→ **PROVIDED DATA**
--

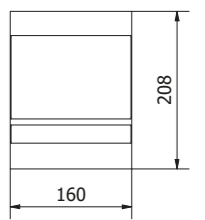

OS-ESOE2711-80
OS-ESOE2711-20

OS-ASTRITE27-20	max 14 W	noir	5901867190826
OS-ASTRITE27-80		inox	5901867190802

OS-ESOE2711-80	max. 11 W	noir	5902801227363
OS-ESOE2711-20		inox	5902801227318

BALEO

Pour les bâtiments modernes, les lampes d'extérieur cylindriques seront un bon choix, qui adoucissent légèrement la façade minimaliste et sévère. La famille d'appiques de façade Baleo se compose de variantes unidirectionnelles et bidirectionnelles. Chacune d'entre elles possède une version standard et une version mini. Les mini appliques utilisent des sources lumineuses GU10, tandis que les appliques standard utilisent des ampoules E27.
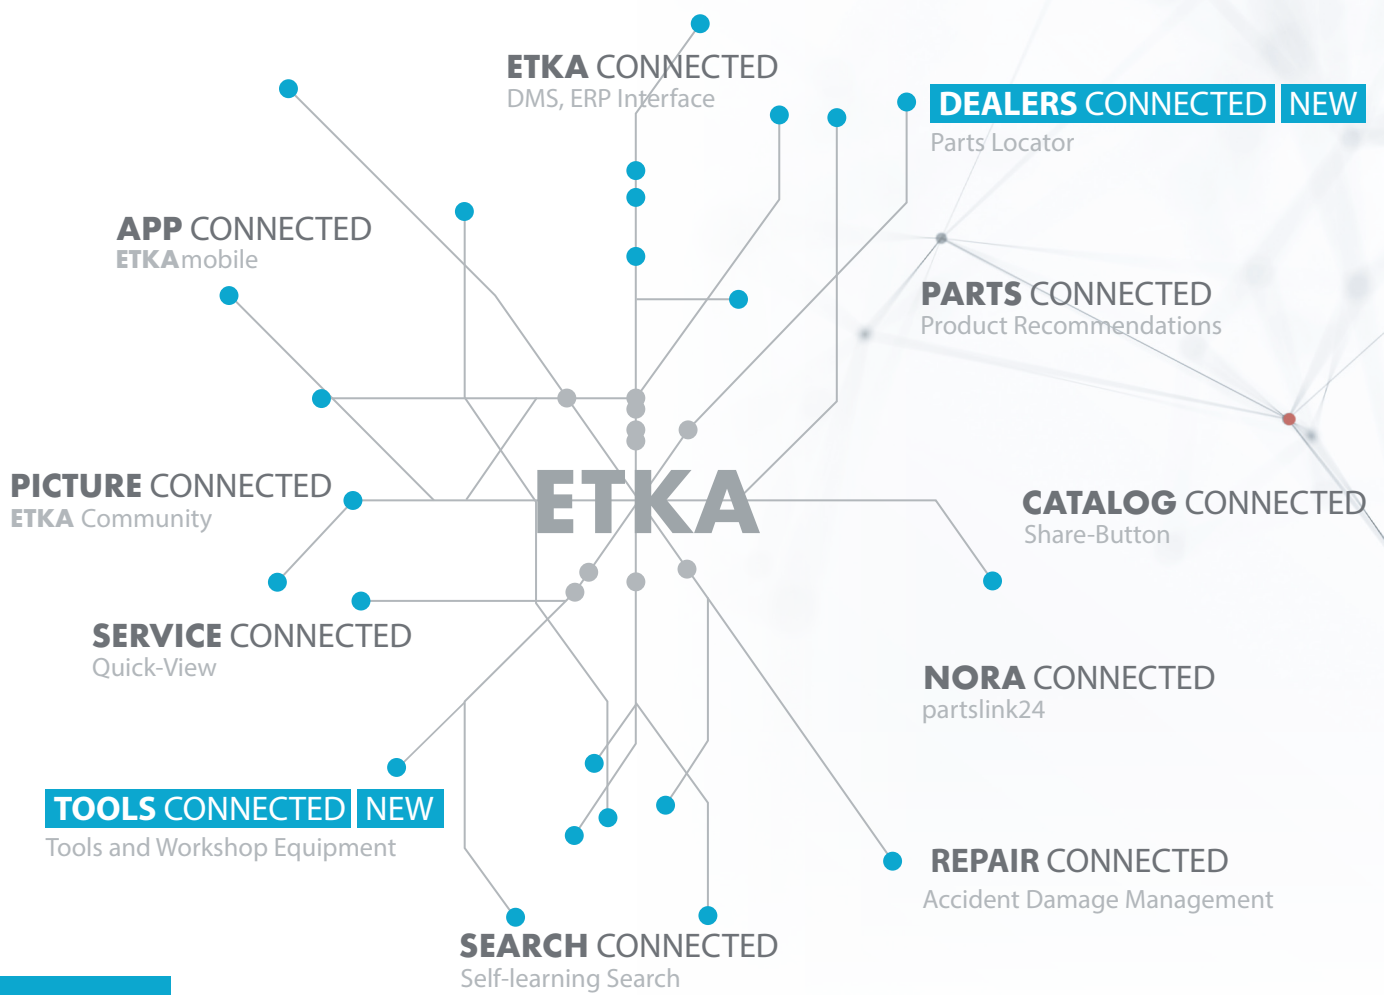

etkainfo

ETKA 8.5
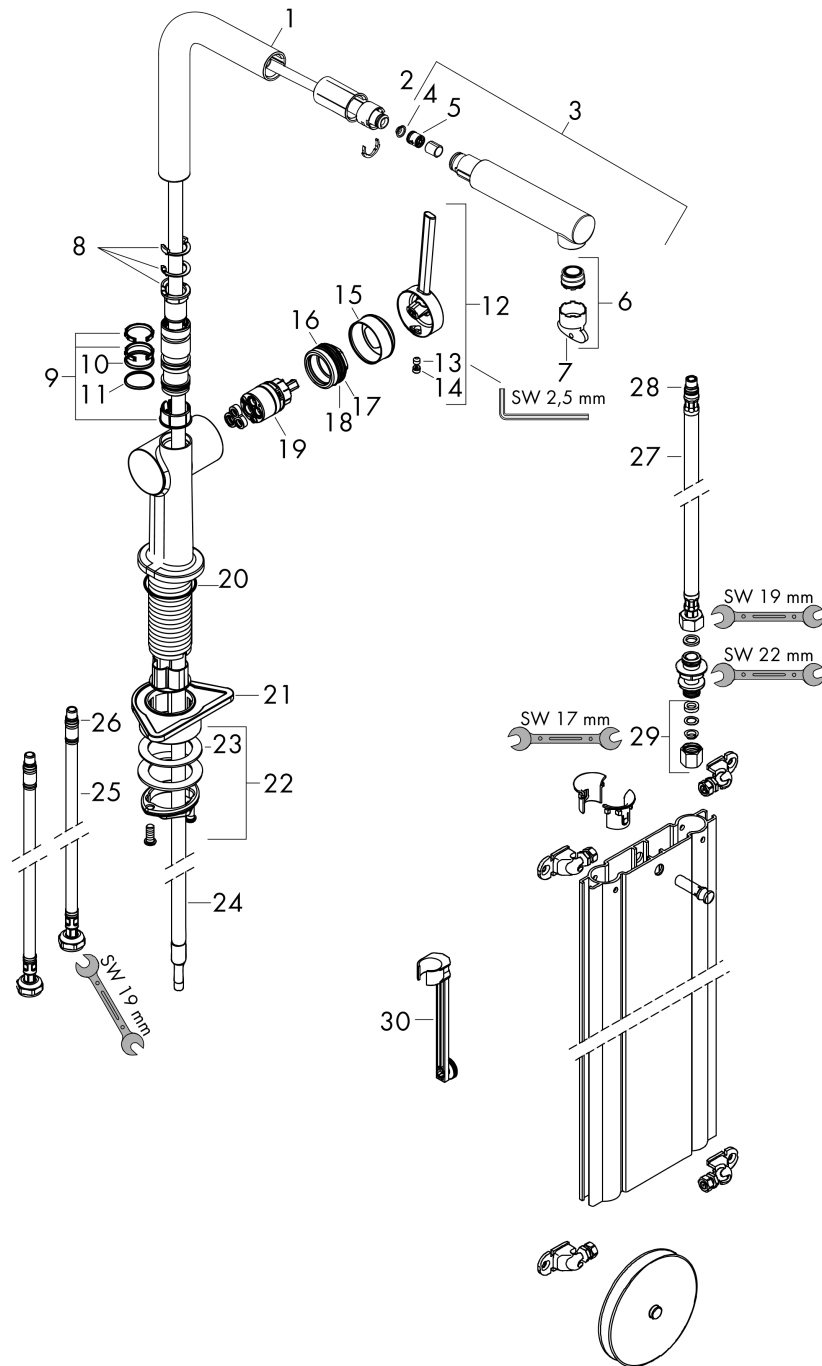

Technologie

Designpreise

reddot winner 2020

reddot winner 2021

Zertifikate / Nachhaltigkeit

Produktabbildung

Maßzeichnung

Talis M54
Einhebel-Küchenmischer 270, Ausziehauslauf, 1jet, sBox
 Oberfläche: **Chrom** Artikelnummer: **72809000**

Durchflussdiagramm

Talis M54

Einhebel-Küchenmischer 270, Ausziehauslauf, 1jet, sBox

Oberfläche: **Chrom** Artikelnummer: **72809000**

Explosionszeichnung

Baujahr: >12/19

Talis M54

Einhebel-Küchenmischer 270, Ausziehauslauf, 1jet, sBox

Oberfläche: Chrom Artikelnummer: 72809000

Ersatzteilliste

Baujahr: >12/19

Pos.	Beschreibung	Artikelnummer	PG	VE
1	Auslauf kpl.	93749000	11	1
2	O-Ring 8x2	98112000	1	1
3	Ausziehbrause	93751000	12	1
4	Schmutzfangsieb	98516000	2	1
5	Rückflußverhinderer DW 10	96456000	3	1
6	Strahlformer	93748000	7	1
7	Serviceschlüssel	93750000	3	1
8	Anschlagring Set (60° / 110° / 150°)	94911000	5	1
9	Gleitring-Set	98365000	3	1
10	O-Ring 19x2	98426000	1	1
11	O-Ring 20x1,5	98197000	1	1
12	Griff	93736000	9	1
13	Madenschraube M5x5	98446000	1	1
14	Griffstopfen	93735610	3	1
15	Kappe	93737000	9	1
16	Mutter	93738000	10	1
17	O-Ring 29x2	98391000	1	1
18	O-Ring 30x1,5	98433000	1	1
19	Kartusche kpl.	93740000	13	1
20	O-Ring 36x3	98052000	1	1
21	Befestigungsteil	97523000	2	1
22	Schaftbefestigung kpl. (Ø 34)	95049000	5	1
23	Gleitring	97548000	1	1
24	Schlauch	93815000	14	1
25	Anschlussschlauch 900 mm M8x0,75 G3/8	93746000	9	1
26	O-Ring 6,6x1,6	93019000	1	1
27	Anschlussschlauch 450 mm M8x0,75 G3/8	97206000	8	1
28	O-Ring 7x1,5	98422000	1	1
29	Quetschverschraubung	96099000	3	1
30	Verlängerung	43333000	98	1
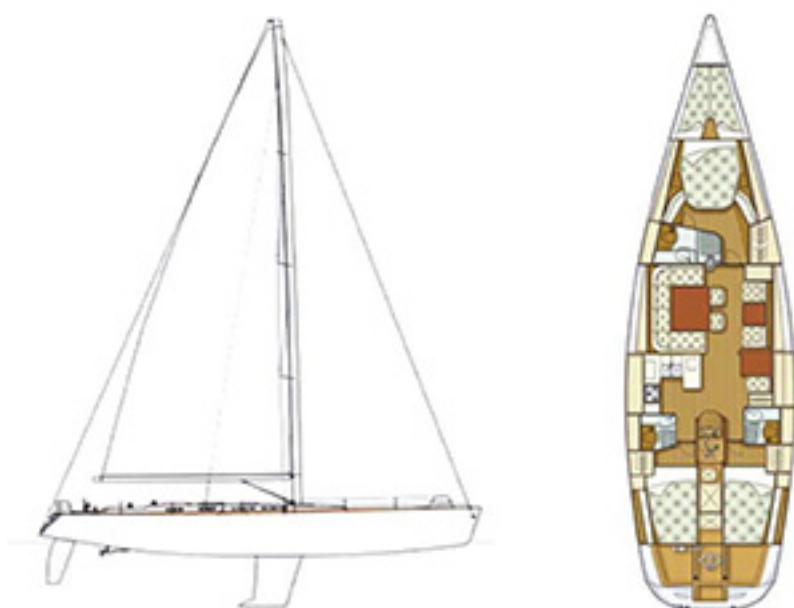

# ALTAMAREA

## *Grand Soleil 56*

Dalla matita di Philippe Briand nasce questo cavallo di razza Del Pardo: il Grand Soleil 56 è un 17 metri dall'eleganza intramontabile, potente, senza mezze misure, nato per soddisfare le voglie anche corsaiole di armatori esigenti

### **Caratteristiche:**

Modello Grand Soleil 56  
Cantiere Del Pardo  
Progetto Briand / Roseo  
Lung.f.t. 16,90 m  
Larghezza 4,83 m  
Cabine 3  
Bagni 3  
Pescaggio 2,45 / 3,10 m  
Dislocamento 19.000 kg  
Zavorra 7.000 kg  
Sup. velica 190,00 mq  
Motore Yanmar 100 hp

Disponibile con skipper per affitto giornaliero, weekend e crociere settimanali

ALTAMAREA  
*Grand Soleil 56*

ALTAMAREA  
*Grand Soleil 56*
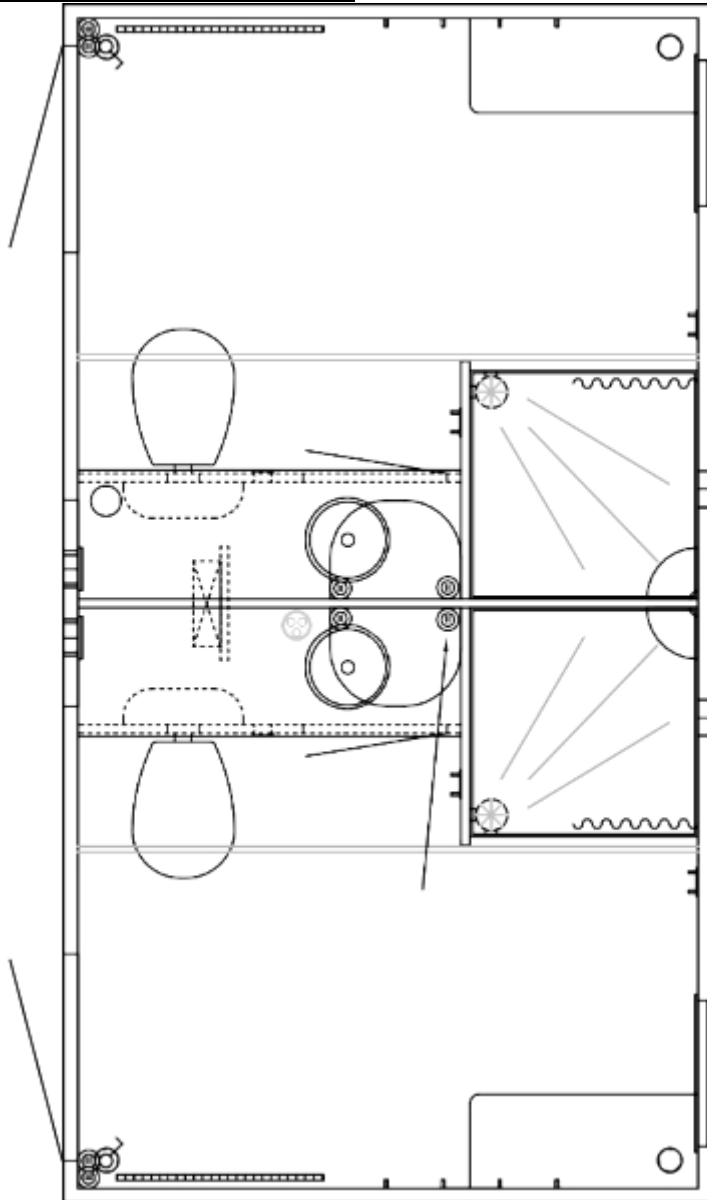

Vogntype

Basic

Plus

Pro

Elite

Beskrivelse

KOMPLET MOBILT BADEVÆRELSE

Badmobilen er en perfekt løsning, når der er behov for et badeværelse på farten. Den indeholder to rum, hver med en brusekabine, et toilet med kværn, en bordplade med håndvask, en fast bæk, en radiator, et lille vindue samt elektrisk ventilation.

Produkt information

Konstruktion:	
Størrelse (uden trækstang)	4200 x 2280 mm (L x B)
Trækstang	1700 mm
Indvendig højde	210 cm
Egenvægt	900 kg
Totalvægt	1300 kg
Chassis	AL-KO chassis
Gulv	IQ-optima vinyl forstærket med glasfiber og honeycomb
Tag	Helstøbt buet tag
Personer	2 personer
Faciliteter:	
Bad	2 brusekabiner
Toiletter	2 vandskylende toiletter
Håndvask	2 rustfri stålvaske
Installationer	Elektrisk ventilation, Eltavle
Inventar	2 bænke, 2 spejle, 2 toiletpapirholdere, 2 poseklemmer, 2 sæbehylder
Vinduer	2 x 510 x 410 mm
Trapper	2 vippetrin
EI & VVS:	
Toiletkværn / pumpe	Nej

--

→ **TASK TO CARRY OUT**
For each line of the material that contains "Pardo", return a copy.

→ **ANSWER TO THIS EXERCISE**
Dalla matita di Philippe Briand nasce questo cavallo di razza Del Pardo: il Grand Soleil 56 è un 17 metri dall'eleganza intramontabile, potente, senza mezze misure, nato per soddisfare le voglie anche corsaiole di armatori esigenti
Cantiere Del Pardo  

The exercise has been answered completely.